Question

If \[ \int \frac{\sin^3x+\cos^3x}{\sin^2x\cos^2x}\,dx = A\sec x+B\cosec x+c, \] then \((A,B)\) are

• A. \((1,1)\)
• B. \((-1,-1)\)
• C. \((1,-1)\)
• D. \((-1,1)\)

Hint:

Try to convert integrands into known derivative forms like \(\sec x\tan x\) and \(\cosec x\cot x\).

Answer 1

The Correct Option is C

Concept: We split the fraction and use: \[ \frac{\sin x}{\cos^2x}=\tan x\sec x \] and \[ \frac{\cos x}{\sin^2x}=\cot x\cosec x \]

Step 1: Given integral: \[ \int \frac{\sin^3x+\cos^3x}{\sin^2x\cos^2x}\,dx \]
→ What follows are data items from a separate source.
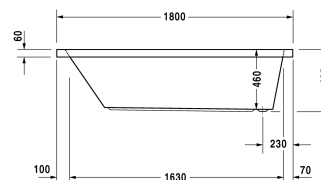

Starck kar og brus Badekar # 70005000000000

< 1800 mm >

Badekar	Dimension	Vægt	Ordrenummer
rektangulært, Indbygningsversion eller til badekarpanel, med et ryglæn, med overløb, sanitærakryl , Filling capacity 301 l , water level 365 mm			
Farver			
00 Hvid (Alpin)			
Varianter			
Badekar	1800 x 900 mm	43,000 kg	70005000000000
Matchende udstyr			
Badekargreb krom			792804
Passende paneler			
Panel til niche, til # 7X0050 (1800 x 900 mm), til # 7X0052 (1800 x 900 mm), til # 7X0338 (1800 x 800 mm), til # 7X0339 (1800 x 900 mm)	1790 mm		ST8939
Panel Back-to-wall version, til # 7X0050 (1800 x 900 mm), til # 7X0052 (1800 x 900 mm), til # 7X0339 (1800 x 900 mm)	1780 x 890 mm		ST8926
Panel højre hjørne, til # 7X0050 (1800 x 900 mm), til # 7X0052 (1800 x 900 mm), til # 7X0339 (1800 x 900 mm)	1790 x 890 mm		ST8919
Panel venstre hjørne, til # 7X0050 (1800 x 900 mm), til # 7X0052 (1800 x 900 mm), til # 7X0339 (1800 x 900 mm)	1790 x 890 mm		ST8912
Matchende produkter			
Befæstigelse til montering af bade- og brusekar, 3 stk.,			790103
Kantbånd til badekar til støjdemning, Længde: 3300 mm, Bredde: 70 mm,			790126

Starck kar og brus Badekar # 70005000000000

|< 1800 mm >|

Bensæt til bade- og brusekar af akryl, med længde > 1000 mm, højdejusterbar fra 140 - 220 mm med støjbeskyttelse til brusekar, 2 stk.,	790100
Monteringskasse til # 700050,	790450
Støjbeskyttelse til akryl badekar ****, Indhold: Støjreducerende fastgørelse, Bitumen puder, kantbånd # 790126,	791368
Af- og overløbssæt Quadroval krom, til badekar med afløb i siden, afløbshoved 52 mm, Kabellængde 530 mm,	792200
Af- og overløbssæt Quadroval med vandpåfyldning, krom, *, til badekar med afløb i siden, afløbshoved 52 mm, Kabellængde 530 mm,	792201

Alle tegninger indeholder nødvendige mål indenfor standard tolerancer. De er angivet i mm og er vejledende. For præcise mål, specielt ved specielle anvendelsesområder, anbefaler vi at vente til produktet er modtaget.

Step 2: Split the numerator. \[ \frac{\sin^3x+\cos^3x}{\sin^2x\cos^2x} = \frac{\sin^3x}{\sin^2x\cos^2x} + \frac{\cos^3x}{\sin^2x\cos^2x} \] \[ = \frac{\sin x}{\cos^2x} + \frac{\cos x}{\sin^2x} \]

Step 3: Convert into standard derivative forms. \[ \frac{\sin x}{\cos^2x} = \tan x\sec x \] \[ \frac{\cos x}{\sin^2x} = \cot x\cosec x \] So, \[ \int \frac{\sin^3x+\cos^3x}{\sin^2x\cos^2x}\,dx = \int \left(\tan x\sec x+\cot x\cosec x\right)\,dx \]

Step 4: Use standard formulas. \[ \int \sec x\tan x\,dx=\sec x \] \[ \int \cosec x\cot x\,dx=-\cosec x \] Therefore, \[ \int \left(\tan x\sec x+\cot x\cosec x\right)\,dx = \sec x-\cosec x+c \]

Step 5: Compare with: \[ A\sec x+B\cosec x+c \] We get: \[ A=1,\qquad B=-1 \] Hence, \[ \boxed{(A,B)=(1,-1)} \]